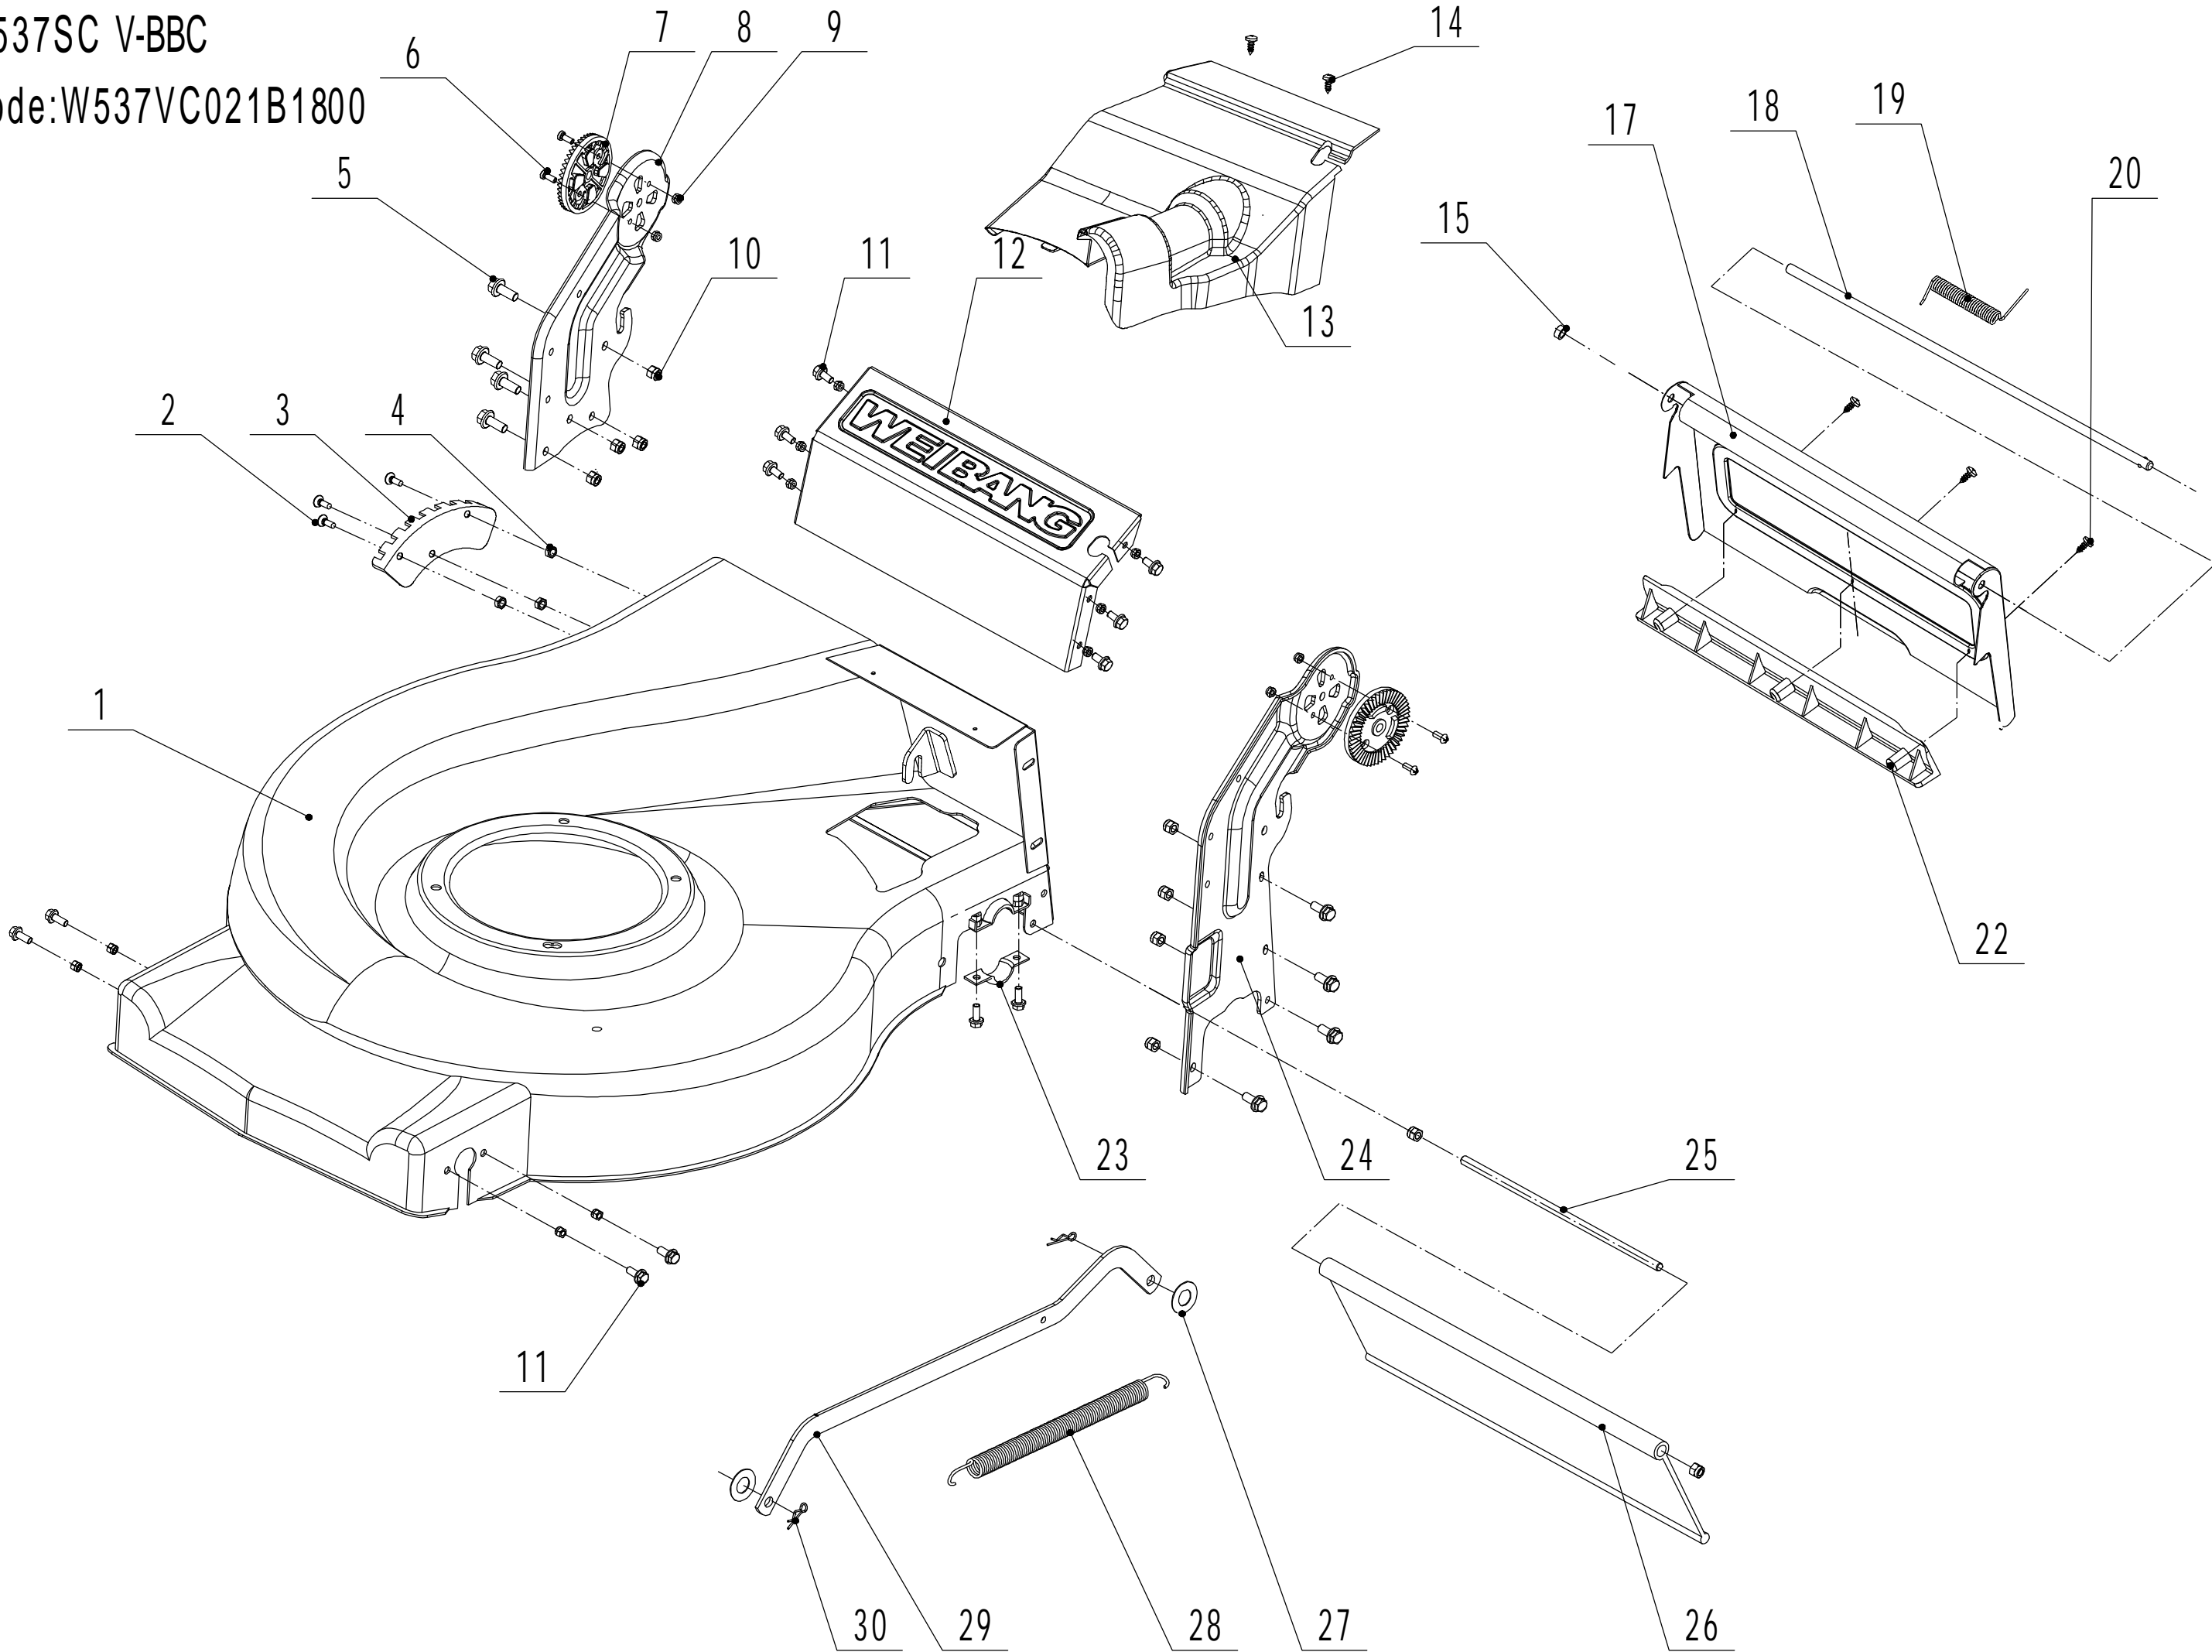

Model:WB537SC V-BBC

Service Code:W537VC021B1800

Main Body

Ersatzteilliste		WB 537 SC V BBC		2024
Nummer	Ersatzteilnummer	Deutsche Bezeichnung	Englische Bezeichnung	Menge
1	5320101020S-44	Gehäuse	Chassis	1
2	0108006015	Schraube	Screw	3
3	5320121030-01	Höheneinstellraste	Graduator	1
4	0202006000	Mutter	Lock Nut	15
5	0102008016	Bolzen	Bolt	8
6	0104005012	Schraube	Screw	4
7	AVSA000000040-22	Verstellsegment	Tooth Disc	2
8	5020116020S-40	Rechter Holmhalter	Right Handle Bracket	1
9	0202005000	Mutter	Lock Nut	4
10	02020080000	Mutter	Lock Nut	8
11	0102006012	Bolzen	Bolt	14
12	5320115030S-44	Verbindungsstück	Connector	1
13	5320117010S	Abdeckung	Upper Shield	1
14	0106004009	Schraube	Screw	2
15	5320136010	Abstandshalter	Spacer	1
17	5320127050-22	Abdeckung	Rear Cover	1
18	5320128020S-02	Stange	Rear Cover Axle	1
19	5020127010	Feder	Spring- Rear Cover	1
20	0106004013	Schraube	Screw	3
22	5320127040	Schutz	Sealing Strip	1
23	5320114020-01	Lagerhalter	Upper Bearing Bracket	2
24	5020115020S-40	Linker Holmhalter	Left Handle Bracket	1
25	5320124010-02	Stange	Pivot- Trailing Flap	1
26	5320125010	Schutz	Trailing Flap	1
27	0301010000	Abstandshalter	Spacer	2
28	5320332010-02	Feder	Spring- Connecting Rod	1
29	5320331010-40	Verbindungsstange	Connecting Rod	1
30	5320333010	Sicherungsring	Check Ring	2

****************

* **YOUR ASSIGNMENT**:
Retype each record exactly as it appears above and drop the images.

* **ANSWER SECTION**:
Model:WB537SC V-BBC

Service Code:W537VC021B1800

Main Body

Ersatzteilliste		WB 537 SC V BBC		2024
Nummer	Ersatzteilnummer	Deutsche Bezeichnung	Englische Bezeichnung	Menge
1	5320101020S-44	Gehäuse	Chassis	1
2	0108006015	Schraube	Screw	3
3	5320121030-01	Höheneinstellraste	Graduator	1
4	0202006000	Mutter	Lock Nut	15
5	0102008016	Bolzen	Bolt	8
6	0104005012	Schraube	Screw	4
7	AVSA000000040-22	Verstellsegment	Tooth Disc	2
8	5020116020S-40	Rechter Holmhalter	Right Handle Bracket	1
9	0202005000	Mutter	Lock Nut	4
10	02020080000	Mutter	Lock Nut	8
11	0102006012	Bolzen	Bolt	14
12	5320115030S-44	Verbindungsstück	Connector	1
13	5320117010S	Abdeckung	Upper Shield	1
14	0106004009	Schraube	Screw	2
15	5320136010	Abstandshalter	Spacer	1
17	5320127050-22	Abdeckung	Rear Cover	1
18	5320128020S-02	Stange	Rear Cover Axle	1
19	5020127010	Feder	Spring- Rear Cover	1
20	0106004013	Schraube	Screw	3
22	5320127040	Schutz	Sealing Strip	1
23	5320114020-01	Lagerhalter	Upper Bearing Bracket	2
24	5020115020S-40	Linker Holmhalter	Left Handle Bracket	1
25	5320124010-02	Stange	Pivot- Trailing Flap	1
26	5320125010	Schutz	Trailing Flap	1
27	0301010000	Abstandshalter	Spacer	2
28	5320332010-02	Feder	Spring- Connecting Rod	1
29	5320331010-40	Verbindungsstange	Connecting Rod	1
30	5320333010	Sicherungsring	Check Ring	2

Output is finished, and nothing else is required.